Overview

Details

The Deep Learning Toolkit for Splunk allows you to integrate advanced custom machine learning systems with the Splunk platform. It extends Splunk’s Machine Learning Toolkit with prebuilt Docker containers for TensorFlow, PyTorch and a collection of NLP and classical machine learning libraries. By using predefined workflows for rapid development with Jupyter Lab Notebooks the app enables you to build, test (e.g. using TensorBoard) and operationalise your customised models with Splunk. You can leverage GPUs for compute intense training tasks and flexibly deploy models on CPU or GPU enabled containers. The app ships with various examples that showcase different deep learning and machine learning algorithms for classification, regression, forecasting, clustering, graph analytics and NLP. This allows you to tackle advanced data science use cases in Splunk’s main areas of IT Operations, Security, Application Development, IoT, Business Analytics and beyond.
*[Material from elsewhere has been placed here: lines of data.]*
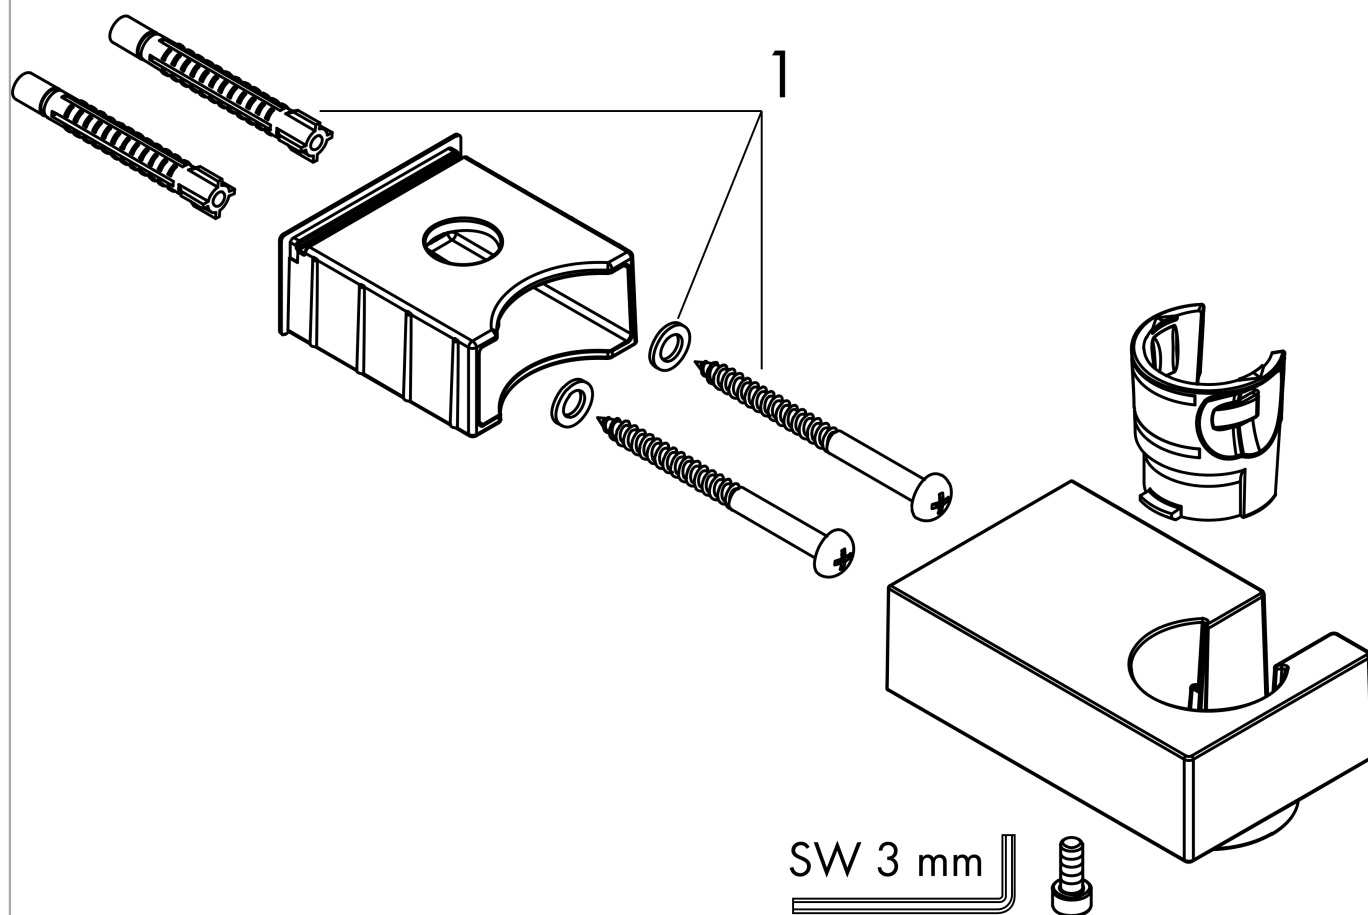

Держатель ручного душа Porter E

Поверхность: **матовый черный** Артикульный номер: **28387670**

Описание

Характеристики

- фиксированное положение держателя
- материал: металл

Награды за дизайн

reddot winner 2020

reddot winner 2021

Продукт

Чертеж

Держатель ручного душа Porter E

Поверхность: **матовый черный** Артикульный номер: **28387670**

Покомпонентное изображение

Год выпуска: >08/19

Держатель ручного душа Porter EПоверхность: **матовый черный** Артикульный номер: **28387670****Перечень запасных частей**

Год выпуска: >08/19

Позиция	Описание	Артикульный номер	PC	PU
1	mounting set	40915000	-	1
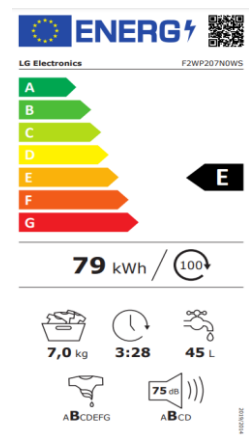

Inklusiv LG 7 Kg. slimline vaskemaskine F2WP207N0WS

Dimension	BH Art. nr.	Tekst
B60XD60XH9	802100,500	CLARO PAKKE

* Leveres med **GROHE EURODISC COSMOPOLITAN**

håndvaskearmatur i krom, hvide metal bæringer,
bundventil, samt hvid plastpungvandlås 1 1/4" X 32 mm.

samt **LG 7 Kg. vaskemaskine F2WP207N0WS**
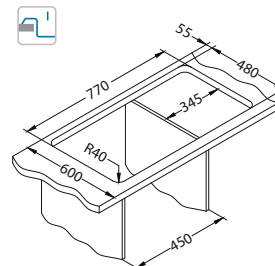

Ugradnja:

površina	šifra	izvedba	izljev	Ø35 mm	*pakiranje
SAT	1108173	reverzibilni	3 1/2"	/	navlaka 0/30

SAT - satin

Deep Learning Toolkit for Splunk (DLTK)

Prerequisites

Splunk Machine Learning Toolkit installed
Docker OR Kubernetes OR OpenShift environment

Quick start guide

Ensure Splunk Machine Learning Toolkit is installed and configured properly for your Splunk deployment.
Restart your Splunk instance after installing the Machine Learning Toolkit and the Deep Learning Toolkit App for Splunk.
You need to have an internet connected Docker environment accessible with permissions to pull the prebuilt MLTK container images from Dockerhub and start containers. If you are running Docker in an air-gapped environment read the description in the app.
Setup the Deep Learning Toolkit App for Splunk by connecting it to your Docker environment using the setup page in the app.
Start a development container from the container management dashboard and depending on your selected image run one of the examples to verify that the Deep Learning Toolkit app works:
Neural Network Classifier Example for Tensorflow
Logistic Regression Classifier Example for PyTorch

Build your own containers

Extend the app with custom MLTK Containers: if you want to rebuild the existing MLTK Container images or want to build your own custom images navigate to the github repo

Further information, blogs and resources

List of available algorithm examples

Binary neural network classifier build on keras and TensorFlow
Logistic regression using PyTorch
Multi class neural network classifier using PyTorch with GPU
Multi class neural network classifier using PyTorch for DGA
Gradient boosting model with Spark's MLLib applied to the DGA dataset
XGBoost classifier with SHAP explainability
Linear regression using the TensorFlow™ estimator class
Regression using the TensorFlow™ Deep Neural Network (DNN) estimator class
XGBoost regressor
Forecasting time series using TensorFlow (CNN)
Forecasting time series using TensorFlow (LSTM)
Forecasting time series using the Prophet library
Basic auto encoder using TensorFlow™
Distributed algorithm execution with DASK for KMeans
Clustering with UMAP and DBSCAN
Named Entity Recognition using spaCy for NLP tasks
Named Entity Recognition using spaCy Ginza (Japanese)
Graph centrality algorithms using NetworkX
Graph community detection with Rapids (GPU accelerated)
Frequent itemset mining with Spark FP Growth
Recommender system with Spark Collaborative Filtering
Rapids UMAP (GPU accelerated)
DGA Datashader Visualization Example
Correlation Matrix and Pair Plot
Spark Pi Hello World example

FAQ

Q: When I launch a container the first time, I cannot access Jupyter Lab.
A: The selected container image will be downloaded from dockerhub automatically in the background when you launch a container for the first time. Depending on your network this can take a while to download the docker image for the first time as the image sizes range from 2-6 GB. Please allow for some time to get the images initially pulled from Dockerhub. You can check which docker images are available locally by running docker images on your CLI.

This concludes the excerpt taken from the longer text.